La Cour de justice de l’Union européenne, réunie en grande chambre, a rendu le 13 mars 2012 une décision relative aux mesures restrictives prises contre certains organismes. Un établissement financier de droit britannique, filiale intégrale d’une banque contrôlée par un État tiers, contestait le gel de ses avoirs financiers. Le Conseil avait ordonné cette mesure au motif que l’entité mère participait au financement de programmes nucléaires sensibles. Après un rejet initial de son recours par le Tribunal, la société a formé un pourvoi devant la juridiction supérieure. Elle soutenait que le Conseil disposait d’un pouvoir d’appréciation et devait vérifier sa participation effective aux activités litigieuses. La question posée portait sur la légalité d’un gel automatique des fonds fondé uniquement sur le lien de détention en capital. La Cour a confirmé la validité de la mesure, jugeant que le contrôle de l’entité mère justifie la contrainte imposée à la filiale. L’étude de cette systématisation du gel par le lien de détention précèdera l’analyse de la proportionnalité du dispositif de prévention du contournement.
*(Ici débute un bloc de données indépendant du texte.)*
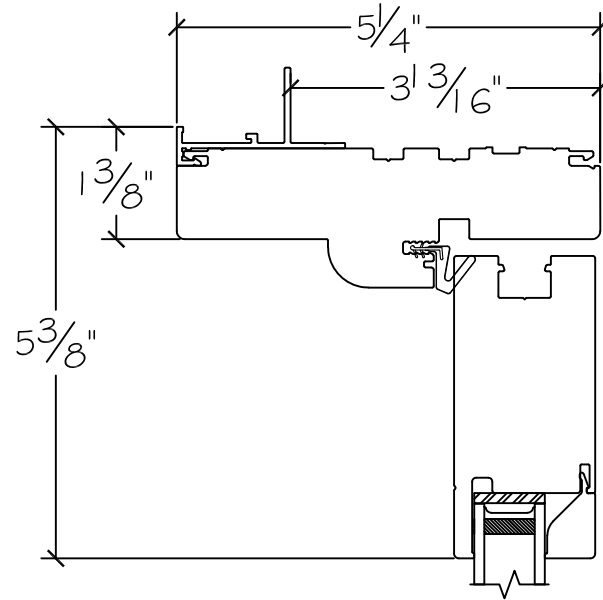

French Door Hinge

Exterior

Interior
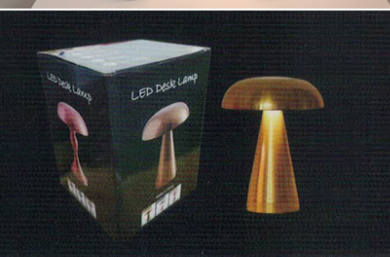

Portable Rechargeable LED Table Lamps manufacturer, Provide OEM & ODM services.

Best - Selling
in Europe and America

AD1815

Power: 3W
Voltage: 5V, 2A
CRI: Ra≥90
CCT & Dimming: 3CCT+Stepless dimming
Switch mode: touch switch
Size: Φ15.5*H21cm
Size: Φ6.1*H8.27in
Light Efficiency: 80-85lm/w

Material: Iron + acrylic
Light body color: Gold / Silver / Rose gold
Charging mode: Type C USB
Battery capacity: 1800mA
Lighting time: 6-8 hours
Color box: 16*16*22.5cm
PCS /CTN: 20pcs / ctn
Carton size: 82.5*33.5*46cm

I. La systématisation du gel des fonds par le lien de détention capitalistique
A. La constatation objective de la qualité d’entité détenue
La Cour interprète strictement le règlement applicable pour déterminer les obligations pesant sur l’autorité décisionnelle lors de l’inscription sur les listes de sanctions. Elle relève que « l’adoption d’une mesure de gel des fonds s’impose à l’égard d’une entité reconnue par le Conseil comme étant détenue ou contrôlée ». Cette approche privilégie une lecture littérale des dispositions afin d’assurer une application uniforme des mesures restrictives au sein de l’Union. Le juge souligne que la qualité d’entité détenue fait l’objet d’une vérification au cas par cas selon l’intensité du contrôle exercé. Dès lors que la détention intégrale est établie, le Conseil se trouve dans une situation de compétence liée.
B. L’exclusion d’une appréciation du comportement autonome de la filiale
La solution retenue écarte la nécessité pour l’administration de démontrer une implication directe de la filiale dans les activités de prolifération nucléaire. Le juge précise que le gel « n’a pas à être motivé par le fait que l’entité détenue ou contrôlée participe elle-même à cette prolifération ». Cette interprétation protège l’objectif de sécurité internationale en évitant des enquêtes individuelles complexes sur chaque transaction financière. La présomption de risque découle directement de la structure capitalistique liant la société locale à son entité mère étrangère. Cette rigueur juridique vise à neutraliser toute capacité financière de l’ensemble du groupe. L’efficacité du dispositif repose alors sur une présomption de risque de contournement.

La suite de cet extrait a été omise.